Japan has been studying such legislation for years. There has been more impetus for change since 2012 as a consensus developed that the health, social and productivity costs of Japans extreme work ethic were too high. Part of the problem has been that many people fear resentment from co-workers if they take days off, a real concern in a conformist culture that values harmony. After all, in Japan, only wimps use up all their vacation days.
(Excerpt) Read more at hosted.ap.org ...
I didn’t realize that the Japanese were still workaholics. The younger ones I’ve encountered seem fascinated by American crap culture and its dubious values.
Not sure what business it is of the govt.
Why should the government be involved in this? Not their business.
“Working overtime for free, called “sah-bee-soo zahn-gyo,” or “service overtime,” is prevalent.”
I ran into this at a previous Japanese employer. You were expected to work over most days and unless you put in more than 3 hours of overtime in a single day, you weren’t paid for it. But they had excellent benefits and a generous bonus each year.
The more extreme ones of those are the “otaku”, who simply won’t work a lot of the time.
This is just a way to get more people employed, by requiring that workers take time off, others must be hired to take up the slack...............
In Japan, the government is expected to be paternalistic in a way that Westerners would find oppressive.
In financial industries it’s usually mandated as a deterrence to committing fraud.
I understand the logic, but it doesn’t work that way. An employer is thereby forced to shift the work from a more productive to a less productive worker. This results in less economic efficiency and lower average productivity.
In America, yes, but in Japan it may not be so................

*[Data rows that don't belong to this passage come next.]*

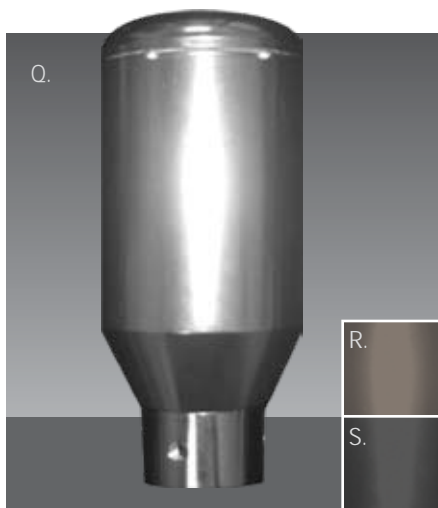

SHIFT KNOBS
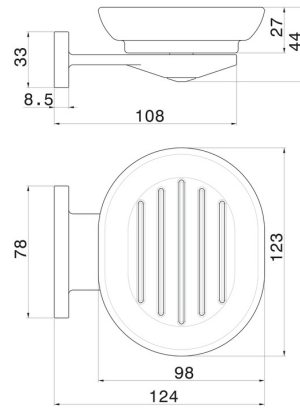

TECHNICAL DRAWING

AR Preview
try it in your home

More Details
on our [website](#)
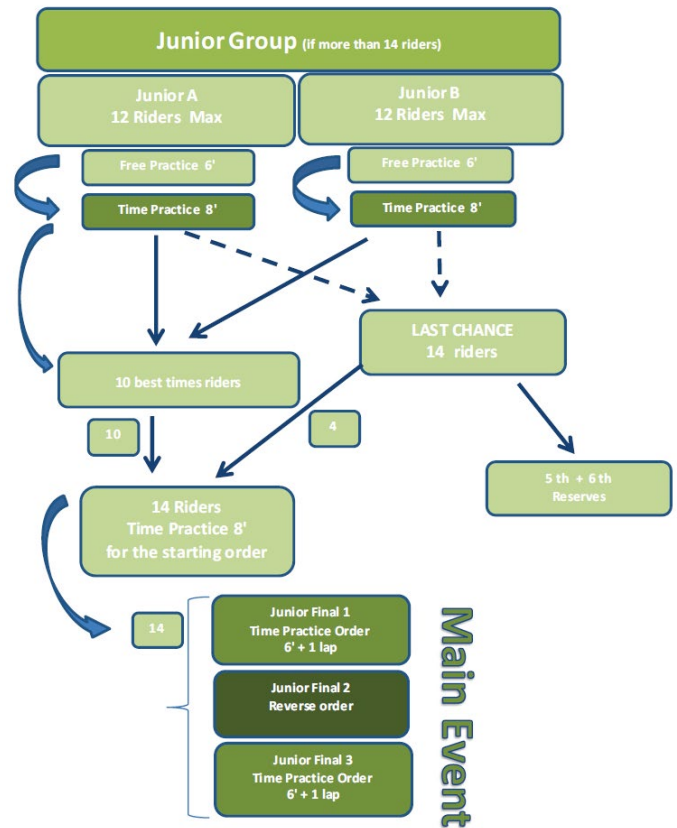

Race Format

Prestige:

Prestige + Open :

Juniors:

14 Riders Max

More than 14 Riders

25 to 28 Riders

29 to 38 Riders

39 to 42 Riders

Correct- that is precisely what I was saying.
Sorry, I thought you were replying to another post.
Despite good intentions, politicians cannot make any economy more efficient merely by passing more laws and further restricting employment.
Japan is the victim of their own success. Technology like robots and automated processing has made the industrial sector less needful of both low and high skilled people in large numbers and large numbers is what they have, as do we......
The bureaucratic side has been around since prior to the shoguns and came from confucionist (sp?)influences from the Chinese.